Элис пригубила портвейн и попыталась читать юмористическую книжку, обнаруженную на столе. Но шутки ее не забавляли, и через несколько минут, отложив изданьице, миссис Сент-Ив прошла на кухню, где ее ждали Биллсоны.

— Про этих двоих, мэм, — сказал ей Уильям. — Может, они невинны, как младенцы, а может, и нет. Не нам о том судить. Этим вечером они заявились поездом из Манчестера, ну или они так говорят, сказали, что путешествуют по коммерческой части. Я отдал им номер бедного мистера Фробишера — думал, он пустует. Но багаж сэра Гилберта находился все еще там. Табби принялся выносить вещи, а эти джентльмены спустились в зал. Их комната рядом с вашей, мэм, дверь там смежная.

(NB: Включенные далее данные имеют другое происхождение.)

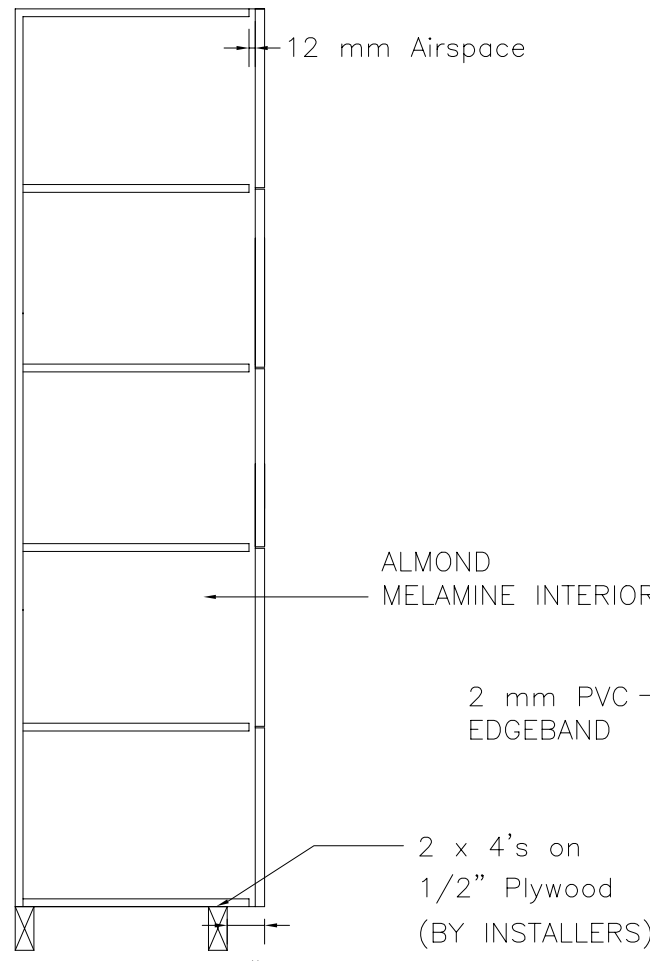

Locker Doors:
 Edgeband:
 Lock:
 Hardware:
 No. Sequence:

QTY.: _._ Lockers at Men's Rm.
 . Lockers at Women's Rm.

FRONT ELEVATION

SECTION VIEW

FRONT ELEV.-DOOR REMOVED

CLASSIC WOODWORKING
 667 SE 32ND AVE HILLSBORO, OR. 97123
 P: (503)692-0800 F: (503)692-7070

Model E

DATE:	APPROVED:	DRAWN BY:
PROJECT:		
DRAWING NO.		E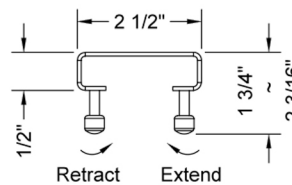

### FEATURES:

- 304 stainless steel construction
- Nominal Size: 60"
- Key included to remove grate for easy cleaning
- Adjustable feet for perfect installation
- JACLO channel drain body sold separately
- Standard finishes: BSS & PSS. Additional finishes available: MBK, WH, & JACLO-COLOR. Call for pricing and availability

### SPECIFICATION DRAWING:

JACLO DOTTED GRATE ONLY		
PART. #	DESCRIPTION	A
6212-24-XXX	DOTTED GRATE	22 1/4"
6212-32-XXX	DOTTED GRATE	30 1/8"
6212-36-XXX	DOTTED GRATE	34 1/8"
6212-42-XXX	DOTTED GRATE	42"
6212-48-XXX	DOTTED GRATE	46"
6212-60-XXX	DOTTED GRATE	57 3/4"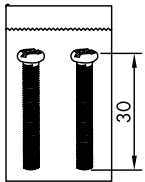

NK4055

ACCESSORY:
SCREW 3.5*30---2pcs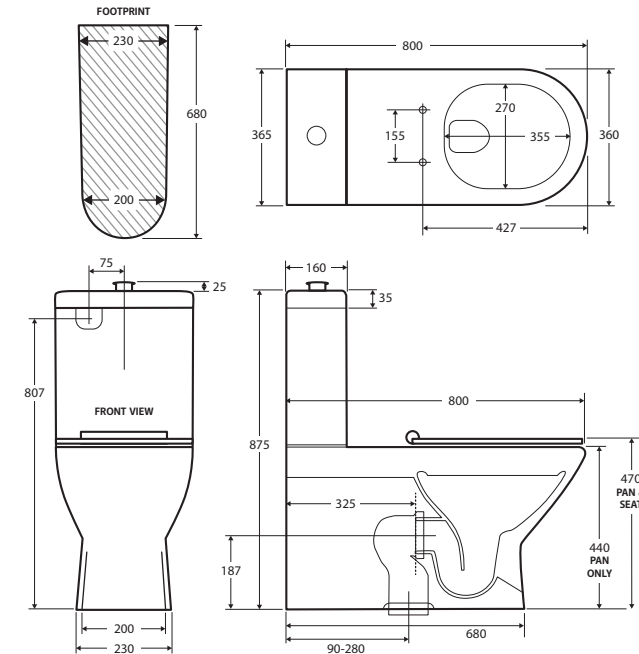

## Delta Care White BACK-TO-WALL TOILET SUITE

### Features

- Rimless hygienic flush
- Large, raised chrome flush buttons  
OR slim, chrome flush buttons
- Concealed pan for easy cleaning
- Single flap white seat
- High quality, R&T flush mechanism
- Top or bottom inlets:
  - Left top inlet
  - Left OR right bottom inlet
 (cannot use both at the same time)
- Available as P-Trap 180mm, or S-Trap with vario-bend 90-280 mm connector
- **WELS 4 Star rated, 4.5L/3L (3.2L average flush)**

### Available in

P-Trap  
Raised Flush Buttons  
**K013WP**

S-Trap 90-280  
Raised Flush Buttons  
**K013WA**

P-Trap  
Slim Flush Buttons  
**K013WP-SB**

S-Trap 90-280  
Slim Flush Buttons  
**K013WA-SB**

We aim to ensure that specifications are correct at the time of publication. All measurements are shown in millimetres. For ceramic products, please allow +/- 10 mm tolerance for manufacturing variance. Always use measurements of actual product received for final specification as the technical drawing may contain differences. Due to printing limitations, physical colour may vary from the image shown. Fienza reserves the right to make modifications without prior notice.

— Дело-то в чем, — вмешалась Генриетта, — Билл никак не решается об этом сказать: один не из Манчестера, а если он коммивояжер, я съем свою воскресную шляпку. Головорез — на это больше похоже. Не знаю, приехал он поездом или притопал пешком — как добрая христианка, лжецом я назвать его не могу, — но только что распознала в нем братца Джека Пенни.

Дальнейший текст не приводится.